- [ABOUT THIS EXERCISE]: Using the records that follow, copy every line containing the word "width".

DATA EXTRACTS Block Start

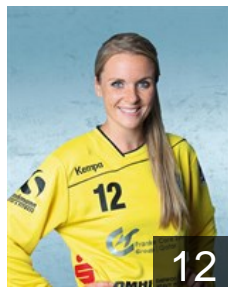

 GER

Hayn Maxi

Position: Right Wing
Place of birth: Neubrandenburg
Date of birth: 08.02.1988
Height: 166 cm

 GER

Heinrich Rieke Lotta

Position: Left Back
Place of birth: Soltau
Date of birth: 13.04.1995
Height: 183 cm

 GER

Herbst Julia

Position: Right Back
Place of birth: Hamburg
Date of birth: 12.01.1998
Height: -

CLUB COMPETITIONS - DELEGATION LIST

Women's European Cup - EHF Cup 2014/15

 GER Buxtehuder SV - Players

 GER

Klein Isabell

Position: Right Back
Place of birth: München
Date of birth: 28.06.1984
Height: 172 cm

 GER

Lenz Antje

Position: Goalkeeper
Place of birth: Rostock
Date of birth: 15.08.1988
Height: 181 cm

 GER

Luschnat Melissa

Position: Left Wing
Place of birth: Buxtehude
Date of birth: 17.07.1992
Height: 170 cm

 GER

Melbeck Stefanie

Position: Left Back
Place of birth: Hamburg
Date of birth: 16.04.1977
Height: 174 cm
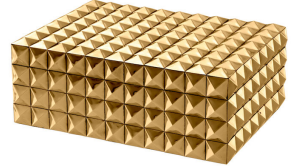

EICHHOLTZ

EST. 1992

SPECIFICATION SHEET

Item no.	110052
Item description	Box Vivienne gold finish S Gold finish
Suitable for	Indoor use/dry locations only
Net weight (kg)	1.5
Net weight (lbs)	3.31

DIMENSIONS

Dimensions (cm)	L. 21 W. 28 H. 10 cm
Dimensions (inch)	L. 8.27" W. 11.02" H. 3.94"

MATERIALS

110052	Box Vivienne gold finish S MDF Brass
--------	---

LOGISTIC INFORMATION

110052	Box Vivienne gold finish S 1 pc(s)
Carton length (m)	0.395
Carton width (m)	0.28
Carton height (m)	0.185
Carton cubage (m)	0.0205
Gross weight (kg)	1.7
HS code EU	44209099
Carton length (inch)	15.55
Carton width (inch)	11.02
Carton height (inch)	7.28
Carton cubage (ft)	0.72
Gross weight (lbs)	3.75
HS code USA	4420904500
Country of origin	India

DATA EXTRACTS Block End

- [SOLUTION BELOW]:
Carton width (m)	0.28
Carton width (inch)	11.02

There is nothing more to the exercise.